Re: [trunk] Addition to subreg section of rtl.text.

Richard Sandiford Thu, 20 Mar 2008 10:30:19 -0700

Joern Rennecke <[EMAIL PROTECTED]> writes:
> On Thu, Mar 20, 2008 at 10:39:47AM +0000, Richard Sandiford wrote:
>> you're saying that, for any valid values of M and X:
>> 
>>   (set (subreg:M (reg:N ...) X) (const_int 0))
>> 
>> does not guarantee that (subreg:M (reg:N ...) ...) has the value 0
>> if N is a partial mode?
>
> Yes.  Although it will be more common for 1 bits to change to zero, some bits
> might actually differ between successive reads, when these bits are status
> flags.  AFAICR there was even some processor that had a level-sensitive
> I/O port bit mapped in its status register.


Well, the part you've quoted was only an example of the earlier,
more general statement:

   ... partial modes behave "as if" their widths were rounded up to the
   next word boundary, but that an unspecified collection of bits in the
   extended width will read as undefined

which I think covers your case too.  It was more the general statement
that I was interested in, because it would form the basis of an updated
rtl.texi patch.

>> > I think some of the rules are overly restrictive, and prevent gcc
>> > from archiving its full potential for generating efficient code.
>> > Moreover, if a port has an extv / insv pattern that matches in mode with 
>> > the
>> > wide registers, it can legitimately use the zero_extract route.  It's
>> > reload that contradicts the documentation in changing registers into MEMs
>> > and thus creating zero_extracts from wide MEMs.
>> 
>> It sounds like you might be referring to both the subreg and extract
>> documentation here.  As far as the subreg documentation goes,
>> let's assume that what I said above about partial modes is right
>> (you'll have already corrected me by now if not).  If we change the
>> rules to say that, what do you think is still overly restrictive?
>
> - zero_extract officially only allowed for a specific mode.
> - nested subregs not allowed, but neither are all subregs that
>   would result from substituting a subreg into an inner reg of another
>   subreg and simplifying allowed.
> - highpart subregs not allowed (e.g. consider SH64 floating point registers:
>   word_mode is 64, but the floating point registers are 32 bit.  How do
>   you refer to the high part of a DFmode value, considering that the
>   inner reg might be allocated to a floating value.  (Actually, generally
>   want such an allocation).)

Sorry, my question was unclear.  I really meant: what in the proposed
rtl.texi rules is too restrictive _given what the current code is
supposed to allow_?  We're trying to write down what is currently
folklore, and we're trying to figure out if we've expressed the
folklore correctly.  Whereas the things you've listed above are not
supported by the current code; they're possible future extensions.

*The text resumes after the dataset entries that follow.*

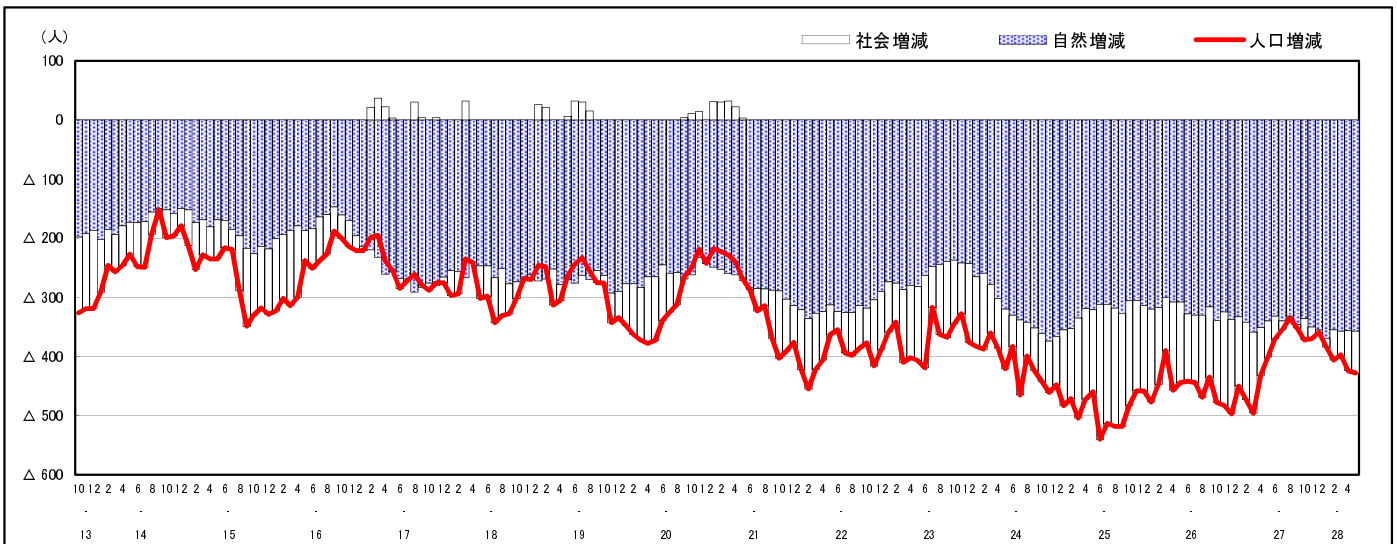

市区町別 推計人口の推移 (平成13年10月1日～)

安芸高田市

H17国勢調査時の人口	H28.5.1現在の人口	H17国勢調査後の増減数	H17国勢調査後の増減率
33,096人	29,089人	△4,007人	△12.11%

社会増減, 自然増減別 対前年同月人口増減数の推移 (平成13年10月～)

日本人, 外国人別 対前年同月人口増減数の推移 (平成13年10月～)

注) 国勢調査結果による推計人口の補正を行っており, 社会増減は人口増減から自然増減を差し引いて算出している。

>> E.g. one possibility would be to drop:
>> 
>>     If @var{reg} is a hard register, the @code{subreg} must also represent
>>     the lowpart of a particular hard register, or represent one or more
>>     complete hard registers.
>> 
>> and instead say that the word-based semantics for pseudo registers also
>> apply to hard registers, regardless of the number of hard registers in
>> the inner register.  This would in some ways be simpler.
>
> Yes.  If subword-writing semantics are wanted, and the SUBREG represents
> an actual hard register, than the port has to use a proper hard reg instead.
> And it makes semantics much saner when we do register allocation for a
> pseudo where we don't know the register size to start with.

Thanks.  So in summary, it's OK for these rules in the proposed
rtl.texi patch:

    When @var{m1} is at least as narrow as @var{m2} the @code{subreg}
    expressions is called @dfn{normal}.

    Normal subregs restrict consideration to certain bits of @var{reg}.
    There are two cases.  If @var{m1} is smaller than a word, the
    @code{subreg} refers to the least-significant part (or @dfn{lowpart})
    of one word of @var{reg}.  If @var{m1} is word-sized or greater, the
    @code{subreg} refers to one or more complete words.

    When @var{m2} is larger than a word, the subreg is a @dfn{multi-word
    outer subreg}.  When used as an lvalue, @code{subreg} is a word-based
    accessor.  Storing to a @code{subreg} modifies all the words of
    @var{reg} that overlap the @code{subreg}, but it leaves the other
    words of @var{reg} alone.

    When storing to a normal @code{subreg} that is smaller than a word,
    the other bits of the referenced word are usually left in an undefined
    state.  This laxity makes it easier to generate efficient code for
    such instructions.  To represent an instruction that preserves all the
    bits outside of those in the @code{subreg}, use @code{strict_low_part}
    or @code{zero_extract} around the @code{subreg}.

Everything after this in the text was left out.